| Required action |
If a line below holds the word "Difference", count it; then say how many such lines there are and nothing else.

| Dataset content |
---*---
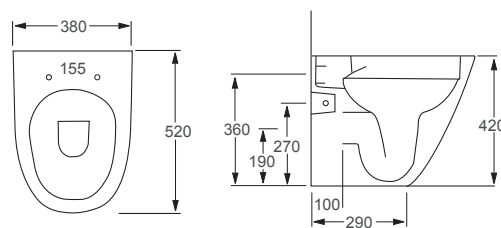

RAK

Sensation

Q4-12302	Back to Wall Rimless Pan	£309
Q4-12305	Soft Close Seat	£79
Q4-19133	6/3 Concealed Cistern	£70

Technical Information

- Rimless WC, for the ultimate in easy clean hygiene.
- Soft close seat, for family safety and noise reduction.
- No lateral holes, for a smooth finish.
- Hidden fixation system, for easy installation.
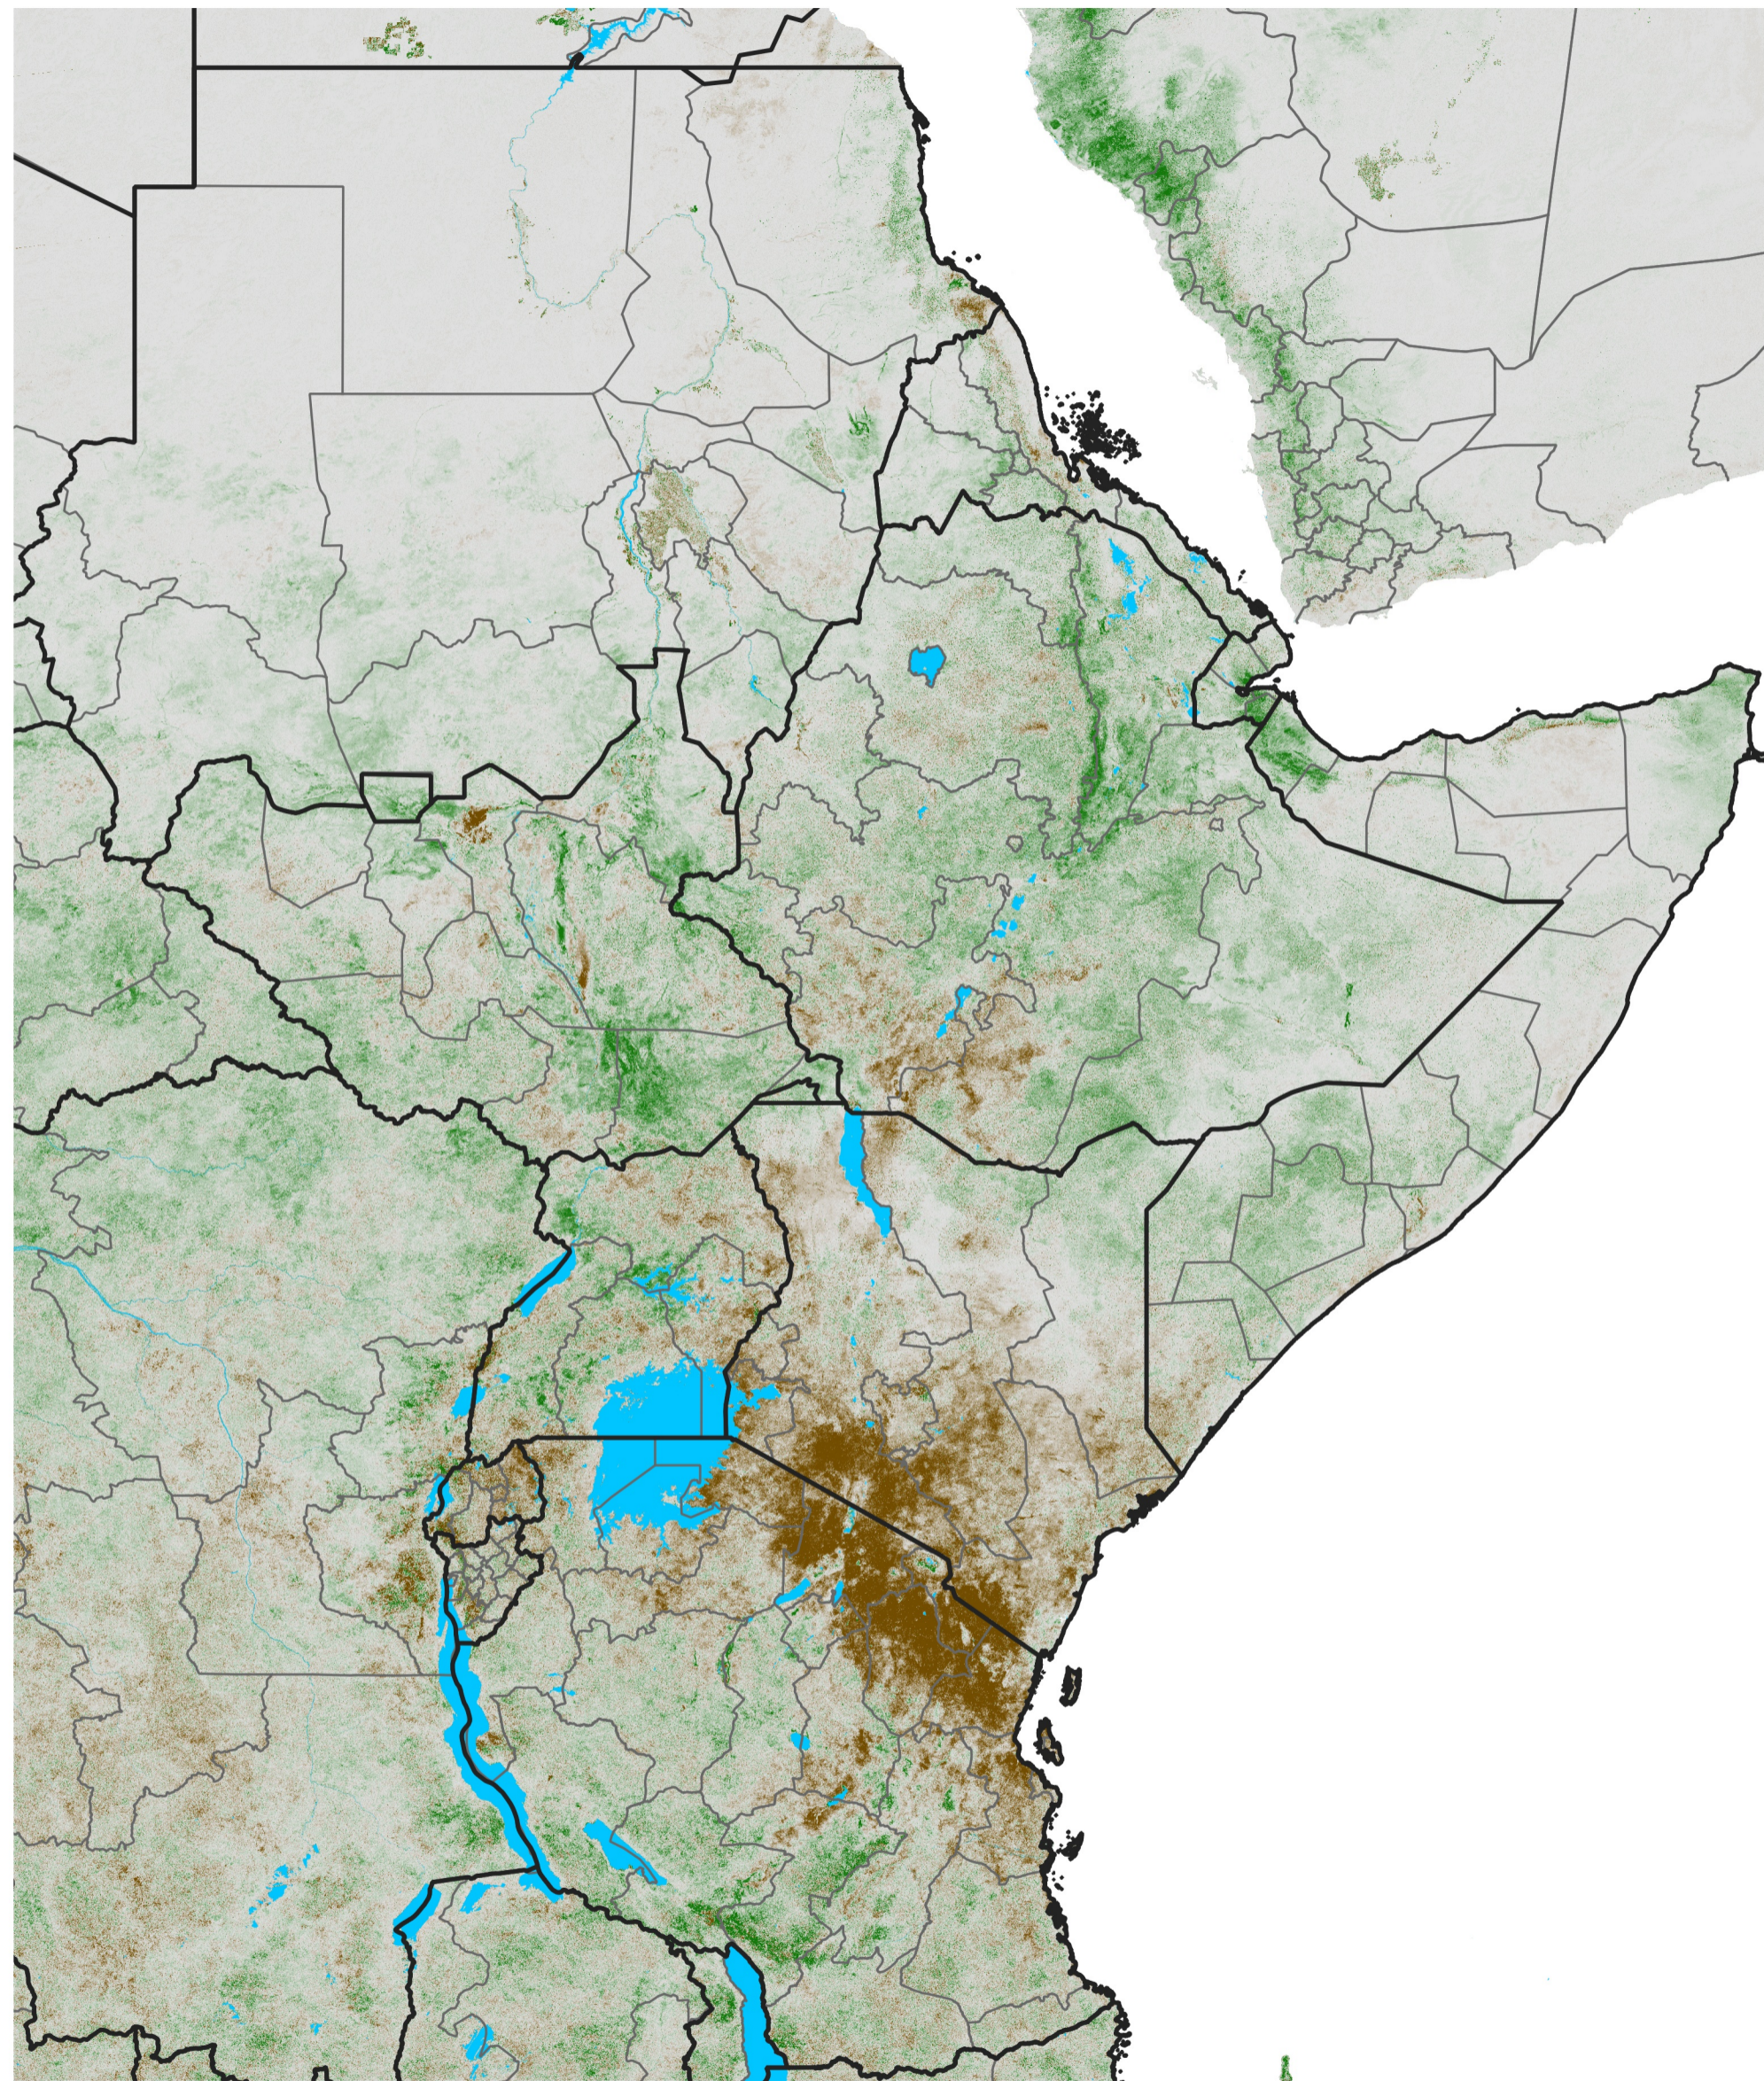

East Africa NDVI Difference

2023 minus 2022

Period 14 / Mar 01 - 10, 2023

NDVI Difference

< -0.3 -0.2 -0.1 -0.05 0.05 0.1 0.2 >0.3

Negative

No Difference

Positive
---*---
| Written response |
3